XLVI-В. Из заметок Плиния Младшего

(Написаны лет сто спустя)

Любопытно. Садовник рассказывал, что в простом народе широко бытует странное поверье. Во время прогулок я спрашивал виноградарей, разносчиков и прочий люд, и его слова подтвердились.

Они верят, что тело Юлия Цезаря после убийства не было сожжено (хотя для нас это несомненно): им якобы завладело какое-то сообщество или тайная секта и, разрезав на множество частей, захоронило каждую отдельно в разных районах Рима. Они уверяют, будто Цезарю было известно древнее предсказание, что Рим выстоит и сохранит свое величие, если он будет убит и тело его расчленено.

XLVII. Царица египетская заявляет:

(26 октября)

Клеопатра, царица Египта (и прочая и прочая), сожалеет, что досточтимая коллегия девственных весталок не сможет присутствовать завтра вечером у нее на приеме.

Однако мы готовы принять досточтимую коллегию в три часа дня.

С соизволения верховного понтифика и верховной жрицы коллегии в указанное время будет дано представление:

Величественное явление Гора, Красота Озириса, Нападение на корабль Нешме, Явление владыки Абидоса в свой дворец.

Те части этой церемонии, которые неуместно показывать вечером, будут со всей торжественностью исполнены перед посвященными днем.

Царица Египта благосклонно примет в эти часы досточтимых девственниц.

XLVIII. Цезарь — Клеопатре

(29 октября)

Весь Рим говорит о великолепии приема, устроенного царицей; самые разборчивые ценители твердят о ее царственной осанке, искусстве принимать гостей, ее такте и обаянии ее красоты.

Мне же разрешено говорить только о моей непреходящей любви и преклонении.

В ближайшие дни я не смогу так часто посещать великую царицу. Однако заклинаю ее не сомневаться ни в моей любви, ни в моих неусыпных заботах о благоденствии ее державы.

Мне доставило бы огромное удовольствие, если бы я мог чаще принимать царицу у себя. Я попросил актрису Кифериду давать моей жене уроки пластики и декламации — это необходимо для участия в таинствах. Так как и вы будете присутствовать на этих церемониях, вам, по-моему, тоже были бы интересны ее уроки, хотя я далек от мысли, что царице есть чему учиться в смысле красоты речи или благородства осанки. Не сомневаюсь, что, если вы того пожелаете, Киферида не откажется в конце урока прочесть вам отрывки из греческих и римских трагедий — милость, которой будут завидовать наши потомки.

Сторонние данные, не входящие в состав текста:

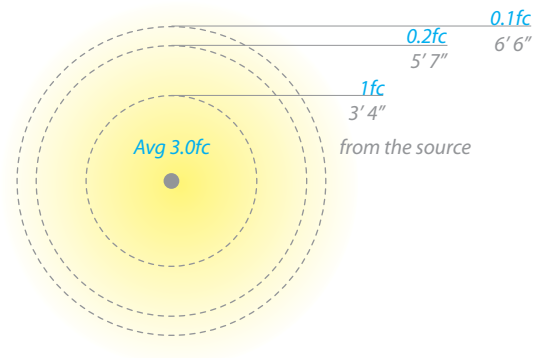

- Broad appeal makes this fixture suitable for varying landscape designs
- Recommended spacing for installation :
Residential: 11 to 13ft
Commercial: 7 to 9ft

		Model	Color Temp	Finishes
Input	9 - 15VAC	6011	27 2700K Warm White 30 3000K Pure White	BBR Bronze on Brass BZ Bronze on Aluminum BK Black on Aluminum
Power	5.8W / 9.4VA			
Brightness	Up to 150 lm			
CRI	90			
Rated Life	60,000 hours

Госпожа Клодия Пульхра временно отбывает на свою загородную виллу. Вам, по-моему, следует знать, что я в свое время посоветовал ей это сделать, но она просила разрешить ей остаться в столице до конца вашего приема. Причиной ее отъезда послужили обстоятельства, которые, если вы пожелаете, я вам когда-нибудь изложу.

Радость, которую я испытываю от приезда царицы, отвлекает меня от трудов. Будь я помоложе, эта радость только придавала бы мне сил и подвигала на новые труды. Но дни мои идут к закату, и у меня уже нет, как прежде, неограниченного времени для замыслов и свершений.

Позвольте же мне совместить приятное с полезным и во время моего посещения (в субботу) показать царице планы поселений в Северной Африке. Если погода будет благоприятствовать, я хотел бы отвезти царицу по реке в Остию и объяснить ей, какие меры мы принимаем для обуздания паводков и течения Тибра. В Остии мы сможем посмотреть, как продвигаются работы в порту, насчет которых царица удостоила меня своими неоценимыми советами.

Мне хотелось бы сообщить великой царице вот еще что: я искренне надеюсь, что ее пребывание в Италии продлится дольше, чем она предполагала. И, желая укрепить ее в этом решении, я рекомендую ей послать в Александрию за своими детьми. Для этой цели я предоставлю ей одну из только что построенных галер, которые уже показали себя самыми быстроходными, и надеюсь разделить с царицей радость этого свидания.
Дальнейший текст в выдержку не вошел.